Offaly man at the head of a major European gas industry body


Liam Nolan.

A man from Offaly has been elected chairman of a major European gas industry body.

Liam Nolan, from Rhode, is the first Irish president in the history of MARCOGAZ, one of Europe’s leading gas associations.

Based in Brussels, MARCOGAZ is the representative body of the European gas industry on all technical issues and a key association in Europe’s transition to a cleaner energy future.

Mr. Nolan, Head of Technical Development and Technical Training at Gas Networks Ireland, was elected last Tuesday in Hamburg by the General Assembly of MARCOGAZ representing 28 member organizations from 20 European countries, becoming the first Irish President in the 54 years of the association. the story.

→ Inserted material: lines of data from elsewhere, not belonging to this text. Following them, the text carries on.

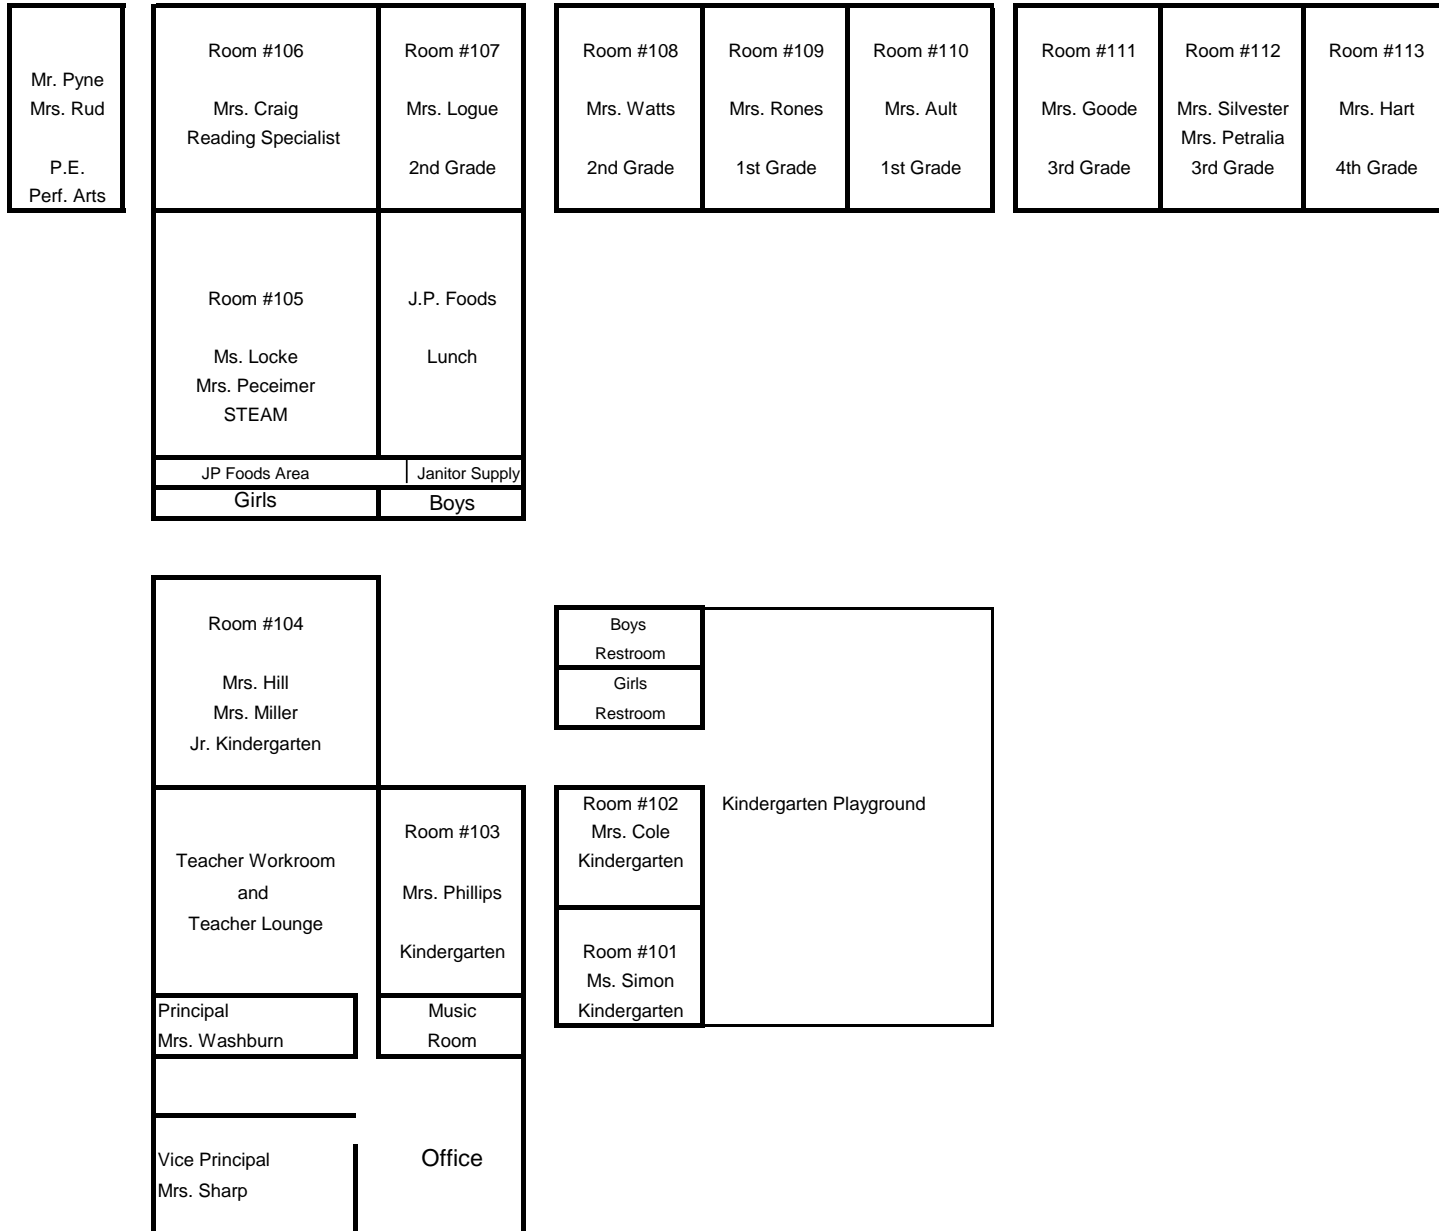

FENCE

FENCE

LINFIELD CHRISTIAN SCHOOL

SITE MAP - ELEMENTARY 2018 - 2019

PLAYGROUND

PLAYGROUND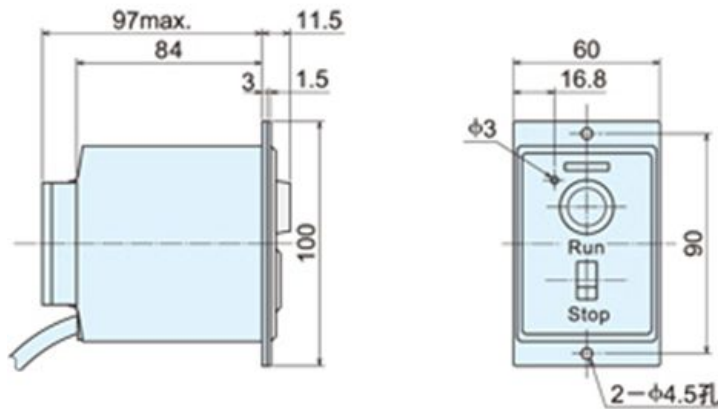

SKU:1150406
 AC MOTOR,CONTROLLER,220V/50Hz,15W,90-1400RPM
 SPEED CONTROLABLE,REVERSIBLE,GEAR RATIO 9:1

Speed Control Motors

Speed Controller
 Dimension and Characteristic

!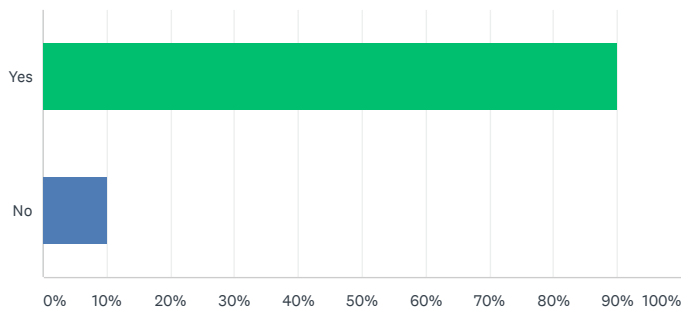

Answered: 77 Skipped: 1

Share Link

<https://www.surveymonkey.com/re:>

COPY

Share

Tweet

G+ Share

Share

78 responses

SIGN UP FREE

ANSWER CHOICES	RESPONSES
That the story of Middlewich Salt Making is told	98.70% 76
That the site has space for activities	22.08% 17
That the site has facilities, such as toilets and parking	62.34% 48
That the site is available to schools and other educational establishments	72.73% 56
That the site can display collections more effectively	51.95% 40
That the site is accessible to all abilities and age groups	74.03% 57
<b>Total Respondents: 77</b>	

Q6

If you have visited the Brine Pumps previously, would your visit have been more enjoyable and/or instructive had more display space been available?

Answered: 60 Skipped: 18

ANSWER CHOICES	RESPONSES
Yes	90.00% 54
No	10.00% 6
<b>TOTAL</b>	<b>60</b>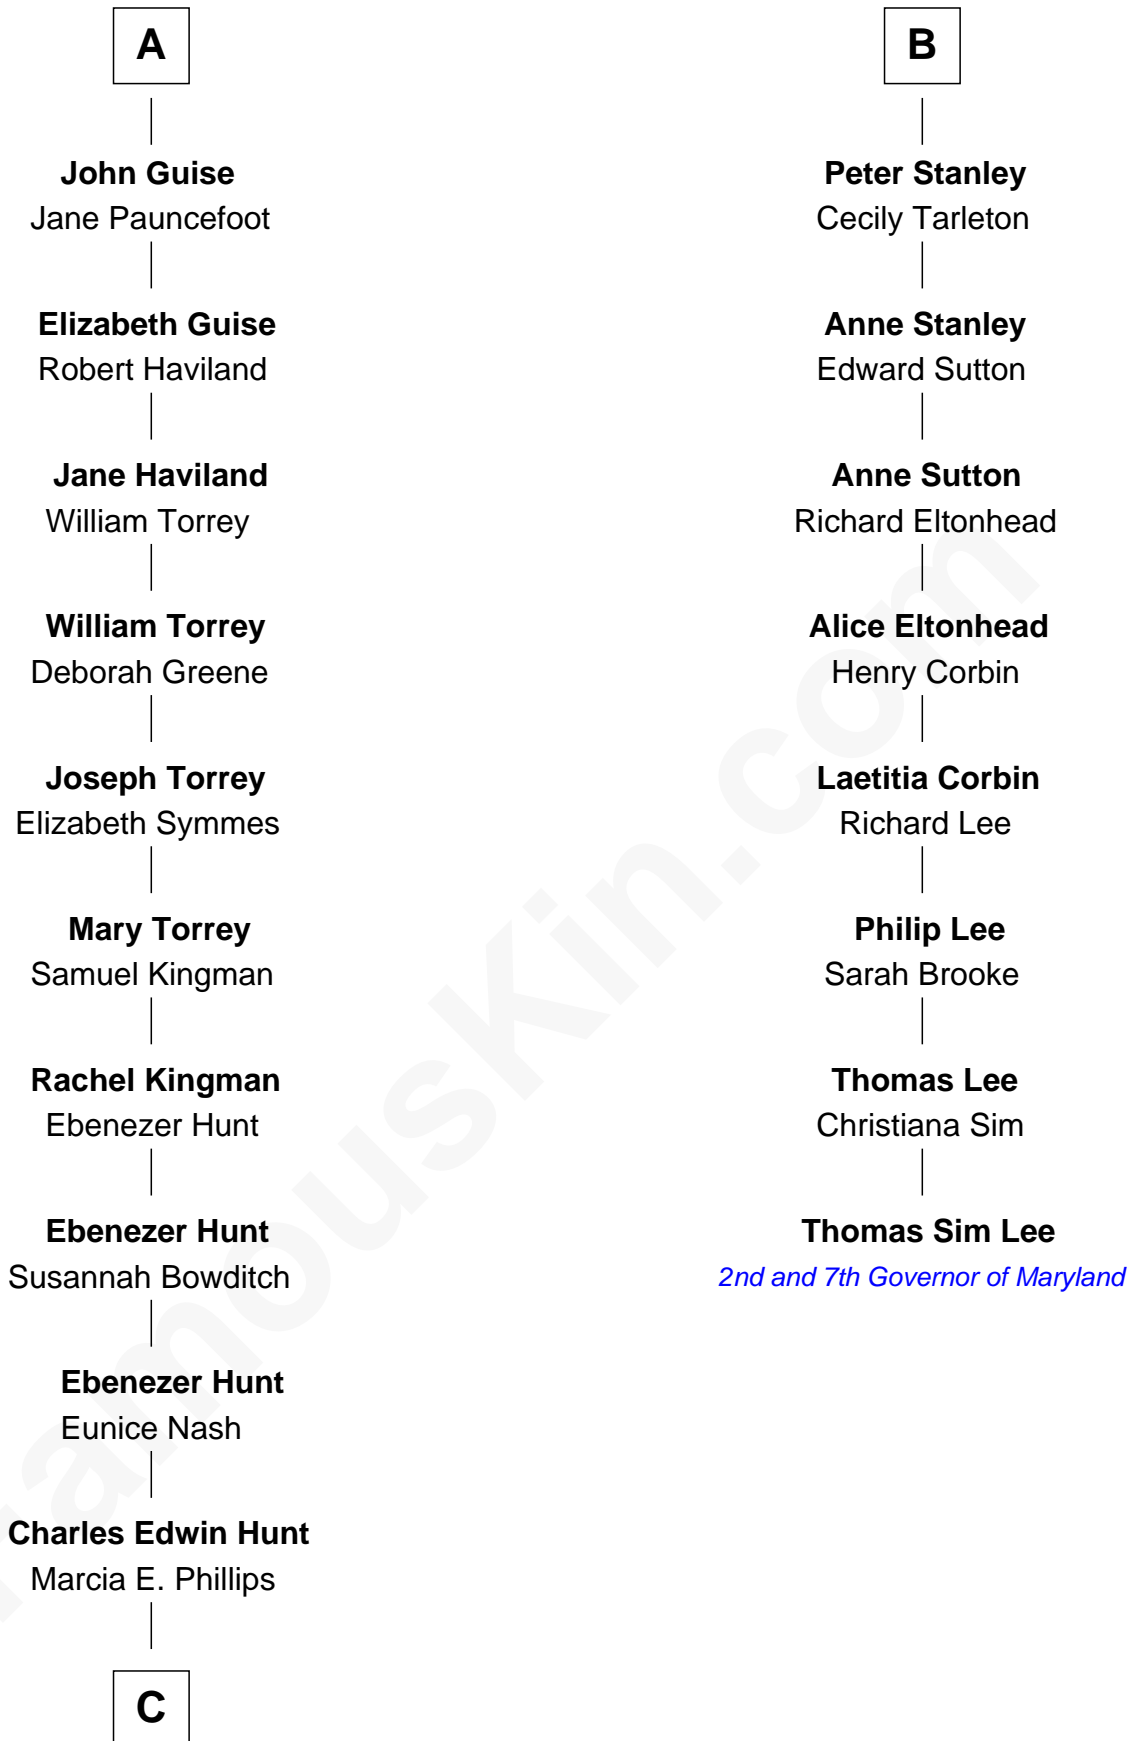

# FamousKin.com Relationship Chart of

**Linda Hunt**

*TV and Movie Actress*

14th cousin 6 times removed of

**Thomas Sim Lee**

*2nd and 7th Governor of Maryland*

**C**

—  
**Charles Phillips Hunt**

Ella Maria Read

—  
**Charles Edwin Hunt**

Louise Phipps Davy

—  
**Raymond Davy Hunt**

Elsie R. Doying

—  
**Linda Hunt**

*TV and Movie Actress*

FamousKin.com

“The gas community in Europe has entrusted me with the task of continuing to serve and lead its technical association, MARCOGAZ, in times when the gas industry is challenged to respond to extreme emergency scenarios,” said Mr Nolan.

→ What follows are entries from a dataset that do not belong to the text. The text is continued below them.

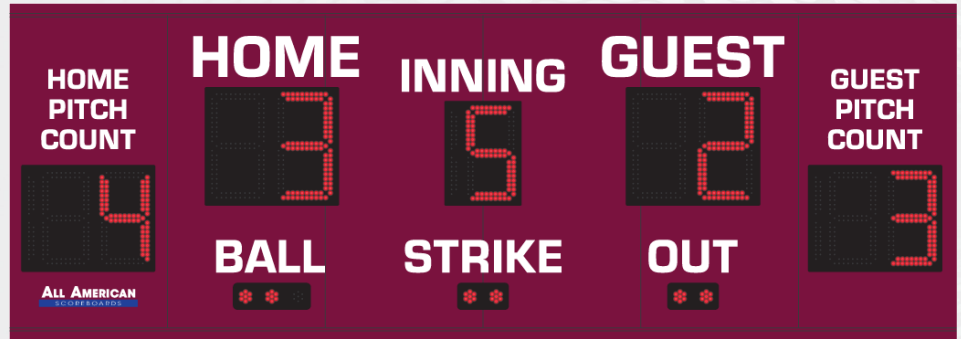

PRODUCT SPECIFICATIONS
BASEBALL SCOREBOARD

ALL AMERICAN
SCOREBOARDS ®

STANDARD COLORS (CUSTOM COLORS AVAILABLE)

OVERALL DIMENSION	4' High x 12' Wide x 5" Depth. Additional 1.5" mounting flange on top and bottom. Style available in other sizes.
CONSTRUCTION	Fabricated 20 and 22 GA Powder Coated Galvanneal.
INFORMATION	Home & Guest Scores (16"), Inning (14"), Home & Guest Pitch Count (14"), Ball, Strike, Out Indicators (2").
CAPTIONS	White vinyl captions: Home & Guest (6"), Inning (5"), Ball, Strike, Out (5"), Home & Guest Pitch Count (3").
HORN	Optional 100dB or 110 dB horn available. Recommended to be wired at time of manufacture.
ELECTRONICS / DIGITS	100% solid state, microprocessor controlled system with locking connectors. Ultra bright, exposed Red LED digits.
SERVICING	Sign will be serviceable by removing the home score face to access components.
COMMUNICATION	Radio communication is standard using a 2.4 GHz Frequency hopping spread spectrum transceiver. Hardwire optional on scoreboard, recommended to be installed at time of manufacture.
POWER REQUIREMENTS	120VAC, 1.3 Amp. Installer to provide connection point or junction box to scoreboard. 20 Amp circuit recommended.
INSTALLATION	May be mounted to nearly any wall surface or a minimum of 2 posts/beams. Number and size of beams is dependent on soil condition and IBC wind loading requirements. Hardware supplied to mount by drilling through the scoreboard flange and I-beam. Pressure and additional clamping systems available. Pole/beam installations require supplied mounting bar on flange.
ESTIMATED WEIGHT	200 lbs.
WARRANTY	Five year guarantee against defects in materials and workmanship. Factory repair service for parts in warranty. Union label. UL Certified.
ADDITIONAL OPTIONS MODEL NUMBER + ()	Protective Lens Kit (PLK + Model Number). White, Green, Amber digits available (Red is standard).
AVAILABLE CONTROL CONSOLE (SOLD SEPARATELY)	MSC9000 (Multi-sport Desktop Console) Extruded Aluminum, high impact low profile microprocessor control console. 5" high x 10.25" wide x 9" deep. Weight: 4.3 lbs. Radio (1600 ft) is standard, simultaneous hardwire option included. Internal rechargeable battery. Switch between multiple sports by removing and replacing the slip sheet. HRBA9000 (Handheld Baseball Remote) 6.5" high x 3" wide x 1" deep. Radio (500 ft) is standard. Internal rechargeable battery.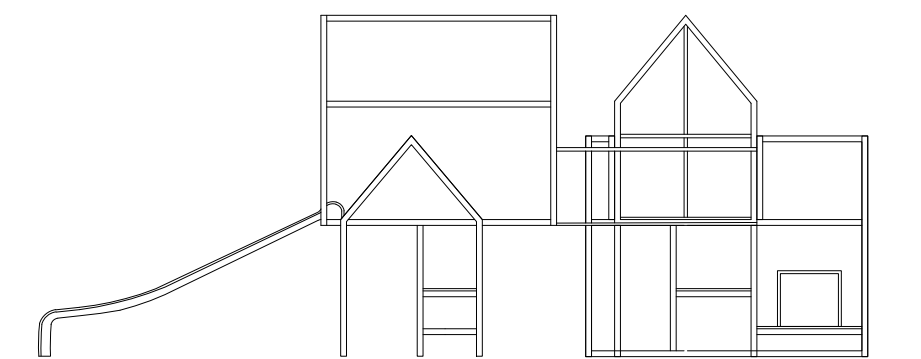

Stack Play House Quadriple

Materials

Slides: Stainless steel

Houses: Powder-coated zinc steel /
powder-coated stainless steel

Colors

Catalog compositions
Custom colors possible

Dimensions

W7140 x B4305 x H2940 mm

Certification

Safety: EN 1176

Fire classification: NEN-EN 13501-1 A2-s1

“I am delighted to represent member organizations and help secure a safe and clean energy future for Europe and Ireland.”

Mr. Nolan has been a member of MARCOGAZ’s board of directors for 15 years and its vice-president since 2020.

He is also a board member of the Gas Installers Register of Ireland, serves as Chairman of the Central Committee of the Gas Technical Standards Committee (GTSC) of the National Standards Authority of Ireland (NSAI), is a member of the Board of the GERG European Gas Research Group and represents Ireland on the Council of the International Gas Union (IGU).

Mr Nolan said it was imperative that Ireland and the European Union (EU) accelerate the transition to renewable gases in line with the RePowerEU plan.

“Now, more than ever, as the European Commission strives to reduce the EU’s dependence on Russian fossil fuels by diversifying gas supplies and accelerating the deployment of renewable gases, it is vital for Ireland to be at the forefront of gas network development and decarbonisation in Europe,” Mr Nolan said.

“We need to ensure security of energy supply, decarbonize the entire gas value chain and overcome particular technical issues regarding the integrity and security of gas networks transporting renewable and low-carbon gases. .”

Mr. Nolan succeeds Thea Larsen, CEO of the Danish Center for Gas Technology, who served as MARCOGAZ Chairman since 2020. Alexander Schwanzer, Head of Certification at ÖVGW, the Austrian technical association for gas and water , was elected vice-president.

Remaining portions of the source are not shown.